[Exercise input — start]

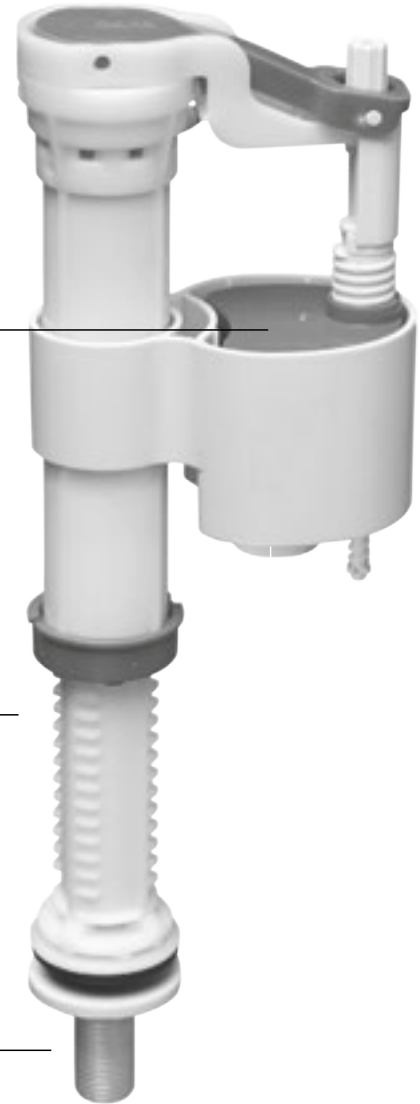

OLDALSÓ TÖLTŐSZELEP 3/8"

H8903740000001

HELY A TARTÁLYBAN

A mai tartályok kisebbek, mivel a fenntarthatóságra irányuló nyomás a kisebb öblítési mennyiség felé mutat. Az új szelepek kevesebb helyet foglalnak a tartályban, így keskenyebbek lehetnek, és a WC-csészék rövidebbek lehetnek anélkül, hogy a csésze hosszának csökkentésével kompromisszumot kellene kötni.

CSENDES MŰKÖDÉS ÉS VÍZTÁKARÉKOSSÁG

A külső, visszacsapó szeleppel ellátott úszótartálynak köszönhetően a töltés nagyon csendes, mivel a szelep a töltés végén nagyon gyorsan lezár. Ugyanez a lapka öblítéskor megakadályozza a töltés idő előtti indulását. A töltés csak akkor kezdődik, amikor a vízszint csökken, és a lapka felszabadítja a záró úszót.
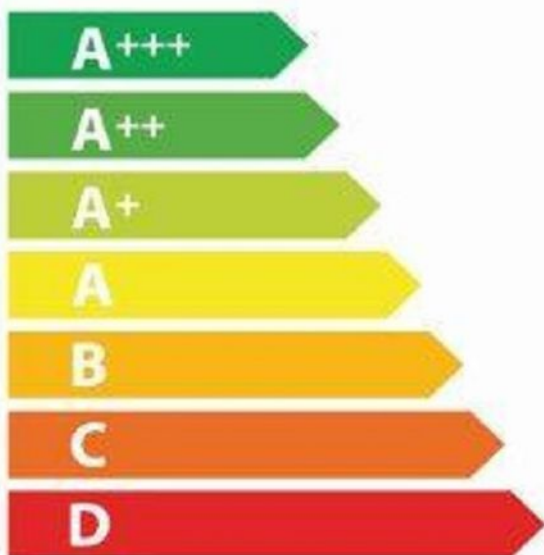

ENERG

енергия · ενέργεια

Y

IJA

IE

IA

Brandt

BKFP243X

A+

67 L

0.68 kWh / cycle*

0.8 kWh / cycle*

* цикл · sykklus · portion · zyklus · πρόγραμμα · ciclo · tsükkel · ohjelma · ciklus · ciklas · cikls · ciklu · cyclus · cykl · ciclu · program · cykel

65/2014

33741
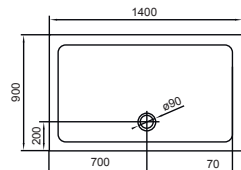

ПІДДОНИ SMC ПРЯМОКУТНІ

ГАРАНТІЯ
5
РОКІВ
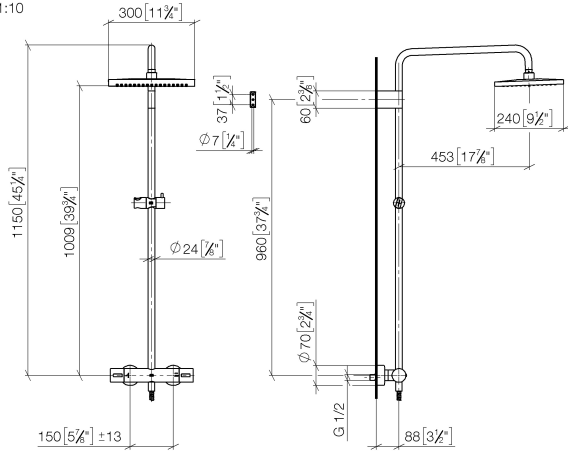

34 459 980

S'adapte aux gammes suivantes : IMO, MEM, CL.1, CYO

- saillie douche fixe 453 mm
- douche de tête : jet pluie
- pomme de douche arrosoir 300 x 240 mm
- pomme de douche arrosoir avec système anti-calcaire
- débit maxi. de la pomme de douche arrosoir 20 l/min
- Fonction à partir de: 12 l/min
- inverseur rotatif avec régulateur de débit et fonction d'arrêt
- rosaces coulissantes Ø 70 mm
- hauteur de robinetterie jusqu'à la pomme de douche arrosoir 1009 mm
- hauteur de robinetterie jusqu'au bord supérieur de l'arc 1150 mm
- calibre de percement 150 mm ± 13 mm
- flexible de douche métallique 1750 mm avec protection anti-torsion intégrée
- raccord 1/2"
- barre de douche avec curseur
- diamètre de tube 23,5 mm
- avec fonction anti-gouttes

Accessoires requis

	ARTICLES GÉNÉRIQUES Douchette à main - Chrome	28 027 979-00010
--	--	------------------

Colonne de douche avec thermostat de douche sans douchette - Chrome

IMO

34 459 980

34 459 980

mm [inches]
1:10

Diagramme de débit

Codes & Standards

DIN 4109

EN 1717

ISO 3822

Scottish Water
Byelaws

UK Water Supply
Regulations

Ü-Zeichen
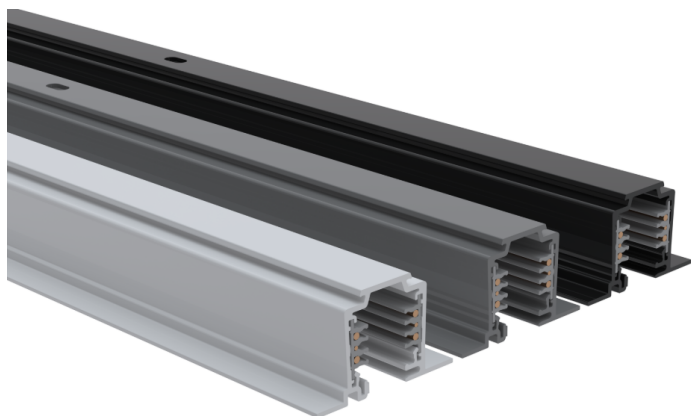

## TL0032DA

Rail DALI

### Caractéristiques techniques

LARGEUR	56,0mm
HAUTEUR	34,0mm
MATIÈRE	Aluminium
POIDS	2,06kg, 3,17kg, 4,23kg
CONDITIONNEMENT	1 barre de 2m, 1 barre de 3m, 1 barre de 4m
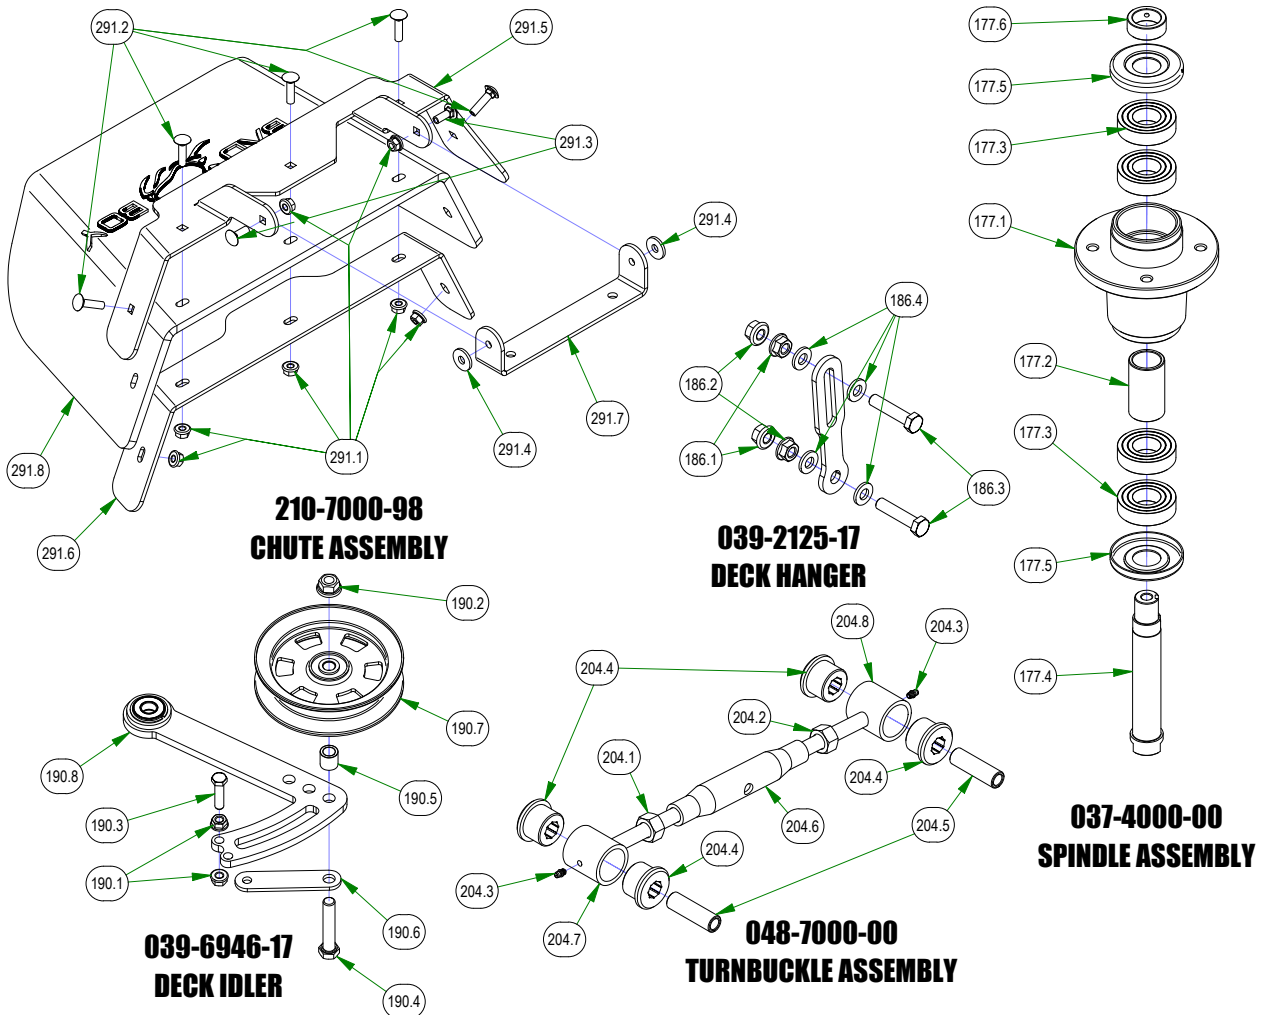

Parts List				Parts List			
ITEM	QTY	PART NUMBER	DESCRIPTION	ITEM	QTY	PART NUMBER	DESCRIPTION
177	1	037-4000-00	OUTLAW SPINDLE ASSEMBLY	190.7	1	033-8050-00	5" Idler Pully
177.1	1	037-4000-01	4000 Series Spindle Housing	190.8	1	039-6946-00	2019 Deck Tensioner
177.2	1	037-4002-00	4000 Series Spindle Spacer	204	1	048-7000-00	Turnbuckle
177.3	4	037-6023-00	Bearing - 6206	204.1	1	013-0007-00	11/16-12 Hex Nut-2015 Toplink
177.4	1	037-6026-00	Spindle Shaft	204.2	1	013-0008-00	11/16-12 Lefthand Hex Nut-Topl
177.5	2	037-8002-00	Spindle Dust Cap	204.3	2	024-6034-00	1/4" Press in Grease Fitting
177.6	1	037-9050-00	Locking Collar w/ 1/4"-20 Set Screw	204.4	4	032-2000-00	Polyurethane Bushing
186	1	039-2125-17	Deck Hanger Assembly	204.5	2	032-2001-00	Sleeve
186.1	2	013-5300-00	1/2-13 HEX SERRATED FLANGE NUT HARD/ZINC	204.6	1	048-7020-00	2015 Outlaw Toplink Body
186.2	2	013-8050-00	1/2-13 NYLON INSERT FLANGE LOCKNUT ZINC	204.7	1	048-7021-00	2015 Outlaw Toplink RH End
186.3	2	018-6037-00	1/2-13 X 2-1/4 HEX CAP SCREW (GR.5) ZINC	204.8	1	048-7022-00	2015 Outlaw Toplink LH End
186.4	4	019-8054-00	.505 ID X 1.000 OD X .125 THICK FLAT WASHER NYLON	291	1	210-7000-98	2019 Outlaw Gen2 Chute Assembly
186.5	1	039-2125-00	Deck Hangar	291.1	7	013-8049-00	5/16-18 NYLON INSERT FLANGE LOCKNUT ZINC
190	1	039-6946-17	2019 Renegade Deck Idler	291.2	5	018-4703-00	5/16-18 X 1-1/4 CARRIAGE BOLT ZINC
190.1	2	013-5201-00	3/8-16 HEX SERRATED FLANGE NUT HARD/ZINC	291.3	2	018-8066-00	5/16-18 X 7/8 CARRIAGE BOLT ZINC
190.2	1	013-8050-00	1/2-13 NYLON INSERT FLANGE LOCKNUT ZINC	291.4	2	019-6042-00	.360 ID X .983 OD X .120 THICK FLAT WASHER NYLON
190.3	1	018-6012-00	3/8-16 X 1-1/2 HEX CAP SCREW (GR.5) ZINC	291.5	1	039-4893-00	2019 Upper Chute Bracket
190.4	1	018-6036-00	1/2-13 X 2-3/4 HEX CAP SCREW (GR.5) ZINC	291.6	1	039-4894-00	2019 Lower Chute Bracket
190.5	1	025-5203-00	.51 ID X .75 OD X .75 LGTH SOLID SPACER ZINC	291.7	1	206-6018-00	2019 Chute Hanger
190.6	1	026-0167-00	Belt Tensioner Retainer Plate	291.8	1	210-6025-00	2019 Belted Chute with Logo

[Exercise input — finish]

→ **Exercise details**: Return all of the data exactly as written, and drop the pictures.

→ **Reply**:
OLDALSÓ TÖLTŐSZELEP 3/8"

H8903740000001

HELY A TARTÁLYBAN

A mai tartályok kisebbek, mivel a fenntarthatóságra irányuló nyomás a kisebb öblítési mennyiség felé mutat. Az új szelepek kevesebb helyet foglalnak a tartályban, így keskenyebbek lehetnek, és a WC-csészék rövidebbek lehetnek anélkül, hogy a csésze hosszának csökkentésével kompromisszumot kellene kötni.

CSENDES MŰKÖDÉS ÉS VÍZTÁKARÉKOSSÁG

A külső, visszacsapó szeleppel ellátott úszótartálynak köszönhetően a töltés nagyon csendes, mivel a szelep a töltés végén nagyon gyorsan lezár. Ugyanez a lapka öblítéskor megakadályozza a töltés idő előtti indulását. A töltés csak akkor kezdődik, amikor a vízszint csökken, és a lapka felszabadítja a záró úszót.

ENERG

енергия · ενέργεια

Y

IJA

IE

IA

Brandt

BKFP243X

A+

67 L

0.68 kWh / cycle*

0.8 kWh / cycle*

* цикл · sykklus · portion · zyklus · πρόγραμμα · ciclo · tsükkel · ohjelma · ciklus · ciklas · cikls · ciklu · cyclus · cykl · ciclu · program · cykel

65/2014

33741

ПІДДОНИ SMC ПРЯМОКУТНІ

ГАРАНТІЯ
5
РОКІВ

34 459 980

S'adapte aux gammes suivantes : IMO, MEM, CL.1, CYO

- saillie douche fixe 453 mm
- douche de tête : jet pluie
- pomme de douche arrosoir 300 x 240 mm
- pomme de douche arrosoir avec système anti-calcaire
- débit maxi. de la pomme de douche arrosoir 20 l/min
- Fonction à partir de: 12 l/min
- inverseur rotatif avec régulateur de débit et fonction d'arrêt
- rosaces coulissantes Ø 70 mm
- hauteur de robinetterie jusqu'à la pomme de douche arrosoir 1009 mm
- hauteur de robinetterie jusqu'au bord supérieur de l'arc 1150 mm
- calibre de percement 150 mm ± 13 mm
- flexible de douche métallique 1750 mm avec protection anti-torsion intégrée
- raccord 1/2"
- barre de douche avec curseur
- diamètre de tube 23,5 mm
- avec fonction anti-gouttes

Accessoires requis

	ARTICLES GÉNÉRIQUES Douchette à main - Chrome	28 027 979-00010
--	--	------------------

Colonne de douche avec thermostat de douche sans douchette - Chrome

IMO

34 459 980

34 459 980

mm [inches]
1:10

Diagramme de débit

Codes & Standards

DIN 4109

EN 1717

ISO 3822

Scottish Water
Byelaws

UK Water Supply
Regulations

Ü-Zeichen

## TL0032DA

Rail DALI

### Caractéristiques techniques

LARGEUR	56,0mm
HAUTEUR	34,0mm
MATIÈRE	Aluminium
POIDS	2,06kg, 3,17kg, 4,23kg
CONDITIONNEMENT	1 barre de 2m, 1 barre de 3m, 1 barre de 4m

Parts List				Parts List			
ITEM	QTY	PART NUMBER	DESCRIPTION	ITEM	QTY	PART NUMBER	DESCRIPTION
177	1	037-4000-00	OUTLAW SPINDLE ASSEMBLY	190.7	1	033-8050-00	5" Idler Pully
177.1	1	037-4000-01	4000 Series Spindle Housing	190.8	1	039-6946-00	2019 Deck Tensioner
177.2	1	037-4002-00	4000 Series Spindle Spacer	204	1	048-7000-00	Turnbuckle
177.3	4	037-6023-00	Bearing - 6206	204.1	1	013-0007-00	11/16-12 Hex Nut-2015 Toplink
177.4	1	037-6026-00	Spindle Shaft	204.2	1	013-0008-00	11/16-12 Lefthand Hex Nut-Topl
177.5	2	037-8002-00	Spindle Dust Cap	204.3	2	024-6034-00	1/4" Press in Grease Fitting
177.6	1	037-9050-00	Locking Collar w/ 1/4"-20 Set Screw	204.4	4	032-2000-00	Polyurethane Bushing
186	1	039-2125-17	Deck Hanger Assembly	204.5	2	032-2001-00	Sleeve
186.1	2	013-5300-00	1/2-13 HEX SERRATED FLANGE NUT HARD/ZINC	204.6	1	048-7020-00	2015 Outlaw Toplink Body
186.2	2	013-8050-00	1/2-13 NYLON INSERT FLANGE LOCKNUT ZINC	204.7	1	048-7021-00	2015 Outlaw Toplink RH End
186.3	2	018-6037-00	1/2-13 X 2-1/4 HEX CAP SCREW (GR.5) ZINC	204.8	1	048-7022-00	2015 Outlaw Toplink LH End
186.4	4	019-8054-00	.505 ID X 1.000 OD X .125 THICK FLAT WASHER NYLON	291	1	210-7000-98	2019 Outlaw Gen2 Chute Assembly
186.5	1	039-2125-00	Deck Hangar	291.1	7	013-8049-00	5/16-18 NYLON INSERT FLANGE LOCKNUT ZINC
190	1	039-6946-17	2019 Renegade Deck Idler	291.2	5	018-4703-00	5/16-18 X 1-1/4 CARRIAGE BOLT ZINC
190.1	2	013-5201-00	3/8-16 HEX SERRATED FLANGE NUT HARD/ZINC	291.3	2	018-8066-00	5/16-18 X 7/8 CARRIAGE BOLT ZINC
190.2	1	013-8050-00	1/2-13 NYLON INSERT FLANGE LOCKNUT ZINC	291.4	2	019-6042-00	.360 ID X .983 OD X .120 THICK FLAT WASHER NYLON
190.3	1	018-6012-00	3/8-16 X 1-1/2 HEX CAP SCREW (GR.5) ZINC	291.5	1	039-4893-00	2019 Upper Chute Bracket
190.4	1	018-6036-00	1/2-13 X 2-3/4 HEX CAP SCREW (GR.5) ZINC	291.6	1	039-4894-00	2019 Lower Chute Bracket
190.5	1	025-5203-00	.51 ID X .75 OD X .75 LGTH SOLID SPACER ZINC	291.7	1	206-6018-00	2019 Chute Hanger
190.6	1	026-0167-00	Belt Tensioner Retainer Plate	291.8	1	210-6025-00	2019 Belted Chute with Logo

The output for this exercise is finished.